I am fairly new to java and haven't used interfaces much, and this is what I imagine is a very basic question.

I define an interface, a second interface that extends it, and then a class which implements the second interface:

public interface I1 {
  public void doStuff();
}

public interface I2 extends I1 {
  public void doMoreStuff();
}

public class C2 implements I2 {
  public void doStuff(){
    // implements I1 as required
  }
  public void doMoreStuff(){
    // implements I1 as required
  }
}

I then want to invoke a method that has as an argument a collection of objects which implement the interface I1:

public class C3 {
   public static void doI1Stuff(List<I1> implementorsOfI1){
      // code here
   }
}

but I get the abovementioned error when I try something like

C2 aC2 = new C2();
List c2L = new List<I2>();
c2L.add(aC2);
C3.doI1Stuff(c2L);

What I've done seems reasonable to me as a java novice. Why doesn't it work, and what would a more experienced programmer do? I hope I've made very simple mistake somewhere and this is actually possible...

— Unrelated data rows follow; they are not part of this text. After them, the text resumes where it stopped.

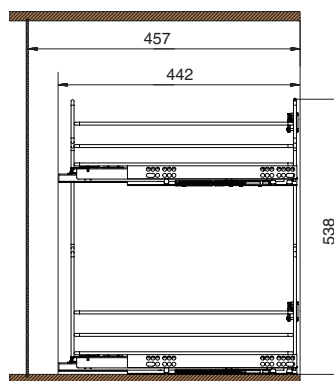

10L05

сетка выдвигная с доводчиком

150

ширина каркаса

артикул	ширина каркаса, мм	материал	отделка	упаковка
10L05/15-45PCR	150	сталь	хром	1 шт.

Основные характеристики:

сетки могут быть установлены в нижние базы шириной 150 мм

сетки комплектуются направляющими частичного выдвигения SAMET Slidea Soft

регулировка фасада в 3-х направлениях

нагрузка 25 кг

16 и 18 мм

Рекомендации по уходу:

для ухода используйте только воду и нейтральные моющие средства (нельзя использовать абразивные вещества и материалы)

ширина
базы

10L05/15-45PCR

150

варианты установки
направляющих

Вариант 1. Боковое левое.

Комплектация:

- направляющие (1 комплект)
- крепление к фасаду (2 шт.)
- сетка (1 шт.)

(revised question: it works (as replies stated) if I am dealing with a single C2 object, but not with a collection of them...)

like image 250
PGB Avatar asked Oct 20 '25 15:10

PGB


1 Answers

UPDATE

Ooops, your c2L is a List, not a List`. This should compile -- and it does for as it does for others who commented -- though it is dangerous for same reason I describe below. I will leave this answer here for now, but I can delete it if I find it is not useful


 public static void doI1Stuff(List<I1> implementorsOfI1)
 ...
 C3.doI1Stuff(c2L);

doI1Stuff expects a List<I1> but you are passing it a List<I2> which is not allowed. As strange as it sounds, "A bag of Apples is not a a bag of Fruit". The reason being that you can put any fruit in a Bag of Fruit, e.g. Banana but you can't do that with a Bag of Apple.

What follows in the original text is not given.